In a large dataset, I need to replace the territory names by their corresponding code.
Here below a small replicable example:
library(tidyverse)
library(stringr)
library(dplyr)
library(tidyr)
library(purrr)
library(stringi)
adrs_data <- data.frame (adress = c("6 Frien Street, Paris", "Toulouse, 7 Hospital street", "10 market avenue (Bordeaux)") )
dep_code <- data.frame (code = c("75", "31", "33"), names = c("Paris", "Toulouse", "Bordeaux"))
This is what I have tried:
d_search<-c(dep_code$names)
d_search <- paste(paste0(d_search[order(-nchar(d_search))]), collapse = "|")
c_search<-c(dep_code $code)
df<-adrs_data %>%
dplyr::mutate(c_adress = case_when(adress %in% d_search ~
str_replace_all(adress, d_search, c_search), TRUE ~ adress))
But it does not produce the wanted output which is:
df <- data.frame (adress = c("6 Frien Street, 75", "31, 7 Hospital street", "10 market avenue (33)")
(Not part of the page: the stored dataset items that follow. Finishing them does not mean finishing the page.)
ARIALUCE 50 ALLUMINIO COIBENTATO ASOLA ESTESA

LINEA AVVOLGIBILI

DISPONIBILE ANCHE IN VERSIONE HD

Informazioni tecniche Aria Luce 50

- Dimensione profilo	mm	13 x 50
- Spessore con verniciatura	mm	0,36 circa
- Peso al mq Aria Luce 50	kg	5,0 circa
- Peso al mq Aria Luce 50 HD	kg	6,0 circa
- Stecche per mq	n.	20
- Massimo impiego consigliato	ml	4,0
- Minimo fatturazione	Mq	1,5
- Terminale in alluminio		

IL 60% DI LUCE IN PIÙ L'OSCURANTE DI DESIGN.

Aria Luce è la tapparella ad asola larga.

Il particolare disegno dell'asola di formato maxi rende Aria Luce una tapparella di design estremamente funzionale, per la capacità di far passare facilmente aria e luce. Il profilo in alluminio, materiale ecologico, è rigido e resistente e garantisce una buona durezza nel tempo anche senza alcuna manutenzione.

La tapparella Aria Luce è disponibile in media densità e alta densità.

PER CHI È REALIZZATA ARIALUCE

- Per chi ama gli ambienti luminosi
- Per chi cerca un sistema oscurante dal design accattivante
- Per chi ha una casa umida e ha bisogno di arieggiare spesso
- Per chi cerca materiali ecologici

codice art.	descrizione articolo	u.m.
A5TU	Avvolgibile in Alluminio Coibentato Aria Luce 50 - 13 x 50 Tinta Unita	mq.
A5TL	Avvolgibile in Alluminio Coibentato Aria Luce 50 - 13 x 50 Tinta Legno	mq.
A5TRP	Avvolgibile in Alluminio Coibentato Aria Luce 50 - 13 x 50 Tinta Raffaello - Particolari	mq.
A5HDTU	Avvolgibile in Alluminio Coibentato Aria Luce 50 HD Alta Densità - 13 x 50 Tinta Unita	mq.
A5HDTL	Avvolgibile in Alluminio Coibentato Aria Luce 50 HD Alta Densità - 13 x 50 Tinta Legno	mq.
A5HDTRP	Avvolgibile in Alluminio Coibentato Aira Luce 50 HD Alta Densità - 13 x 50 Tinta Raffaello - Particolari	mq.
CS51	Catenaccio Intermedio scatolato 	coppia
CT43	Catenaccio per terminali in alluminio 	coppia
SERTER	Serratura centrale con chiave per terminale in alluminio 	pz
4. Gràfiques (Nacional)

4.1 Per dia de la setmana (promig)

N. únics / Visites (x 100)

Thank you for your help, Best regards
CodePudding user response:
After merging both data frames, you can use pmap
to replace the pattern for each row:
library(dplyr)
library(stringr)
library(purrr)
library(fuzzyjoin)
fuzzy_left_join(adrs_data, dep_code, match_fun = str_detect,
by = c("adress" = "names")) %>%
mutate(adress = pmap(., ~ str_replace(..1, ..3, ..2)))
# adress code names
# 1 6 Frien Street, 75 75 Paris
# 2 31, 7 Hospital street 31 Toulouse
# 3 10 market avenue (33) 33 Bordeaux
CodePudding user response:
This also works and removes parenthesis:
I added one more entry to adrs_data
adrs_data <- data.frame (adress = c("6 Frien Street, Paris", "Toulouse, 7 Hospital street", "10 market avenue (Bordeaux)", "9 Test Street, Paris") )
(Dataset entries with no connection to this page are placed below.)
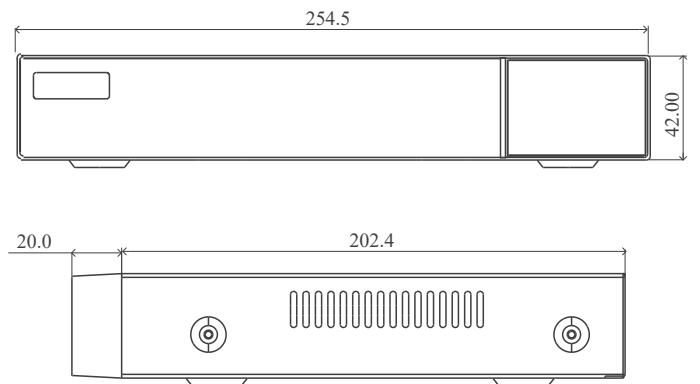

Özellikler

- 4/8 Kanal 6MP / 5MP / 4MP / 3MP / 1080P / 1280 × 1024 / 960P / 720P / 960H / D1 / CIF IP video girişi
- H.265S / H.265 + / H.265 / H.264
- Sezgisel ve kullanıcı dostu Grafik Kullanıcı Arayüzü (GUI), fare ile Windows tarzı işlem
- Çok modlu kayıt: manuel / zamanlayıcı / hareket / sensör / POS / AI kaydı
- Oynatma: 4 / 8 Kanal eşzamanlı oynatma
- Arama: zaman dilimi, zaman, olay, etiket, akıllı arama
- Nesne gibi birden çok VCA (Video İçerik Analizi) olayını destekleyin
- terk edilmiş / eksik, bölgeye izinsiz giriş, tuzak teli, video istisnası vb.
- Canlı görüntü ve kayıttan izleme üzerinde POS bilgi katmanını destekleyin
- USB, ağ vb. Yoluyla hızlı ve esnek yedekleme
- Pentaplex: önizleme, kayıt, oynatma, yedekleme ve uzaktan erişim
- DHCP, DDNS, PPPoE ağ protokollü
- Web İstemcisi veya CMS aracılığıyla uzaktan kumanda: önizleme, oynatma, yedekleme, PTZ ve konfigürasyon
- 4/8 Kanal PoE ağ bağlantı noktası, NVR'ye doğrudan IPC bağlantısını destekler; PoE desteği güç kaynağı
- Yerel depolama için yüksek tanımlı, uzaktan kumandalı çift akış teknolojisi mobil cihazla ağ iletimi ve uzaktan gözetim
- Aynı anda çok kullanıcıya çevrimiçi
- Yetkilendirme yönetimi, günlük görüntüyü ve cihaz durumu görüntüyü
- 1080P çıktı, gerçek yüksek çözünürlüklü ekran
- Cep telefonlarıyla NAT işlevini ve QRCode taramasını destekleyin
- iOS ve Android işletim sistemine sahip akıllı telefonlarla güçlü mobil gözetim

Boyutlar

dep_code <- data.frame (code = c("75", "31", "33"), names = c("Paris", "Toulouse", "Bordeaux"))
sapply(seq(nrow(adrs_data)), \(i){
adrs_data[i,] %>%
str_replace_all(dep_code$names, dep_code$code) %>%
.[.!= adrs_data[i,]] %>%
sub(pattern = "\\(", replacement = "", x = .) %>%
sub(pattern = "\\)", replacement = "", x = .)
})
[,1]
[1,] "6 Frien Street, 75"
[2,] "31, 7 Hospital street"
[3,] "10 market avenue 33"
[4,] "9 Test Street, 75"
For very short data this even provides decent speed.
Unit: milliseconds
min lq mean median uq max neval
1.508001 1.671950 2.481109 1.823151 2.534501 11.9309 100 # lapply
58.665500 67.577851 85.267257 76.948251 89.716950 231.3375 100 # fuzzy
Would be interesting to compare with @Maël's solution for a big data set. I assume the larger the data the slower the lapply solution.